§ Provided material

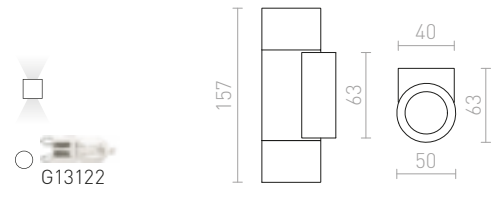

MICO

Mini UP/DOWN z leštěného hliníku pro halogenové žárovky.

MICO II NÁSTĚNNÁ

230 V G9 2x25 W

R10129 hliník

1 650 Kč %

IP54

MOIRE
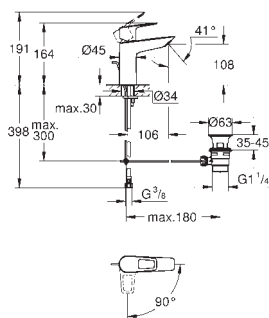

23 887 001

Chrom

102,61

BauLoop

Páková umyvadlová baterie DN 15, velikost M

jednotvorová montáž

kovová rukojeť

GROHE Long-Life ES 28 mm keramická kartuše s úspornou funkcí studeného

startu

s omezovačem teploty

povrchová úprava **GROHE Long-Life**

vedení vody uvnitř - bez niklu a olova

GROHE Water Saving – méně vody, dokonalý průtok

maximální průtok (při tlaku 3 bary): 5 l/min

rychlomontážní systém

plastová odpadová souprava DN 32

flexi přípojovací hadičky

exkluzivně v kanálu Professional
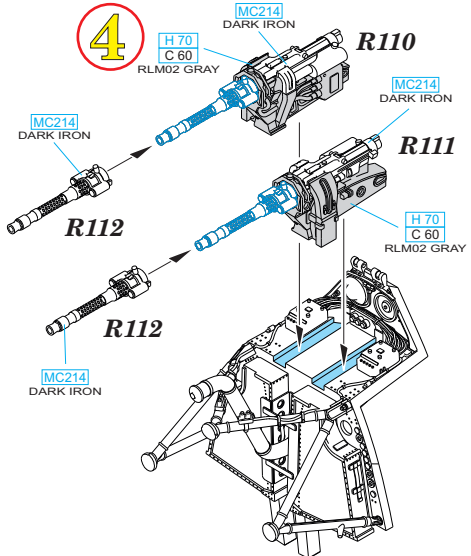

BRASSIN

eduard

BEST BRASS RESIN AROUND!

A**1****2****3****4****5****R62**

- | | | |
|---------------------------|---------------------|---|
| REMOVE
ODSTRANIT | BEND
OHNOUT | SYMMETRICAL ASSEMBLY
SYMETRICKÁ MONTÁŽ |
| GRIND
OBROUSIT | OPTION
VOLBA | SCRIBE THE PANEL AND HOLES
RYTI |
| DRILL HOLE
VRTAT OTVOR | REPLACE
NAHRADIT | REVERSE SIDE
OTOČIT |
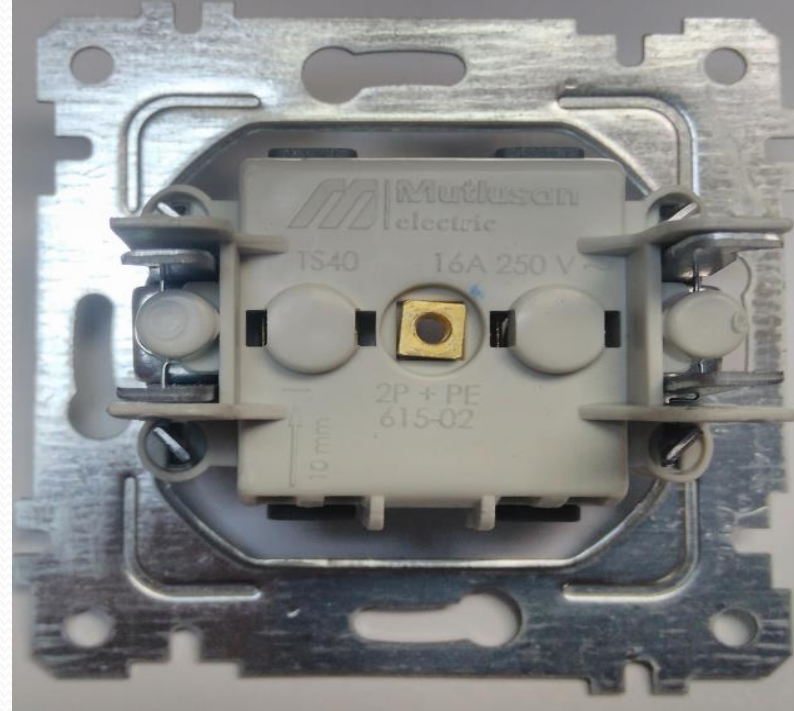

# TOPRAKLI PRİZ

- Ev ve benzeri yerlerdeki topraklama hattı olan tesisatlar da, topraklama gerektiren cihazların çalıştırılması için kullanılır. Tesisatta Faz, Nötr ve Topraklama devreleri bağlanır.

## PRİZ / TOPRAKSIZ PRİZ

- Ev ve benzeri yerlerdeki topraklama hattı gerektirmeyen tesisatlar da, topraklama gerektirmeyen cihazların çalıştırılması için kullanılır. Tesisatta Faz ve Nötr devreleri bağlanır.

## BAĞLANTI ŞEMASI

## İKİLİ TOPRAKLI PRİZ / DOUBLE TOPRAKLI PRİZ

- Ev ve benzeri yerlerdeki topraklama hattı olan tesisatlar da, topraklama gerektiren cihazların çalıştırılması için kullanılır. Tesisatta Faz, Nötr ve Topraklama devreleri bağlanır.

§ Work task
Using the listing above, print the line containing "## İKİLİ TOPRAKLI PRİZ / DOUBLE TOPRAKLI PRİZ" and every line after it exactly, up to and including the last.

§ Answer area
## İKİLİ TOPRAKLI PRİZ / DOUBLE TOPRAKLI PRİZ

- Ev ve benzeri yerlerdeki topraklama hattı olan tesisatlar da, topraklama gerektiren cihazların çalıştırılması için kullanılır. Tesisatta Faz, Nötr ve Topraklama devreleri bağlanır.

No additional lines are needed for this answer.